Stored data Block Start

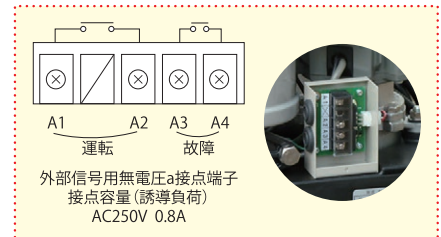

■用途例 (消火配管充水や空調補給水用、運転・故障信号を取得必要な一般給水用)

※寒冷地(0℃以下)における使用の場合、ポンプの保温・防寒対策を実施してください。

■適用図

■概略寸法図

実施計画に際しましては納入仕様書をご請求ください。

■仕様表

●停止流量:4L/min 吸込全揚程-8mの場合、( )内は、吸込全揚程-2mの場合

口径 mm	形式	出力 W	電源 V	標準仕様		Eモード設定時^{*1}			Sモード設定時	仕様内 騒音値 dB (A)
				全揚程 m	吐出し量 L/min	運転揚程 m	吐出し量 L/min	始動揚程 m	運転揚程^{*2} m	
25	NFS2-400S	400	単相100	25	38	21(27)	31	17(23)	26(32)	42~49
	NFS2-400T	400	三相200	25	38	21(27)	31	17(23)	26(32)	42~49
32	NFS2-750	750	三相200	28	55	24(30)	48	20(26)	29.5(35.5)	45~52
	NFSK2-750	750	三相200	36	40	32(38)	33	28(34)	39.5(45.5)	45~52

※1. 工場出荷時はEモードです。※2. 吐出し量10L/min時における運転揚程(参考値)です。Sモードは流量に応じて運転揚程が変動します。
注) Sモード設定時は、吐出し圧力一定 運転とはなりません。Eモードに比べ消費電力が少量側でUPします。

■信号出力端子台

川本ポンプでは、「Comfort Earth」と題し、大切な「水」に関わる企業として全社一丸となって環境負荷低減や環境保全活動への取り組みを進めていきます。

川本製品の中で特に省エネ・環境性に優れた製品を表すマークです。

安全に関する
ご注意

- ●ご使用前に取扱説明書をよくお読みの上、正しくお使いください。
- ●用途にあった商品をお選びください。不適切な用途で使われますと、事故の原因になることがあります。
- ●電気配線、配線工事は、電気設備技術基準や内線規程に従って安全・確実に行ってください。
- ●アースを確実に取り付け、専用の漏電しゃ断器を設置してください。故障や漏電のときに感電する恐れがあります。アースの取り付けは販売店にご相談ください。

改良等のため、仕様・形状など変更することがあります。本書からの無断転用はお断りします。

弊社取扱店

※ご質問、資料の請求は下記へお申込み下さい。

※ポンプに関するお問合せは最寄りの支店・営業所までお願いします。

株式会社 **川本製作所**

本社 名古屋市中区大須 4-11-39
https://www.kawamoto.co.jp 〒460-8650 TEL(052)251-7171(代)

北海道支店 ☎(011)831-0131(代)	京都支店 ☎(075)645-1011(代)
東北支店 ☎(022)232-4095(代)	大阪支店 ☎(06)6328-0877(代)
関東支店 ☎(028)633-9326(代)	四国支店 ☎(087)886-2236(代)
首都圏支店 ☎(03)3946-1161(代)	中国支店 ☎(082)277-3661(代)
名古屋支店 ☎(052)249-9810(代)	九州支店 ☎(092)621-7235(代)

営業所・駐在 全国113ヶ所

川本サービス株式会社

首都圏支店 ☎(03)4526-0691(代)	名古屋営業所 ☎(052)249-9816(代)
首都圏北営業所 ☎(048)677-0065(代)	関西支店 ☎(06)6328-7734(代)
首都圏南営業所 ☎(045)473-6251(代)	京都営業所 ☎(075)555-0530(代)

名称	NFS2形 ソフトカウエース
No.	8119®

Stored data Block End

**Exercise:** Now copy each line of the entries that mentions "首都圏支店".

**Solution to this exercise:**
首都圏支店 ☎(03)3946-1161(代)	中国支店 ☎(082)277-3661(代)
首都圏支店 ☎(03)4526-0691(代)	名古屋営業所 ☎(052)249-9816(代)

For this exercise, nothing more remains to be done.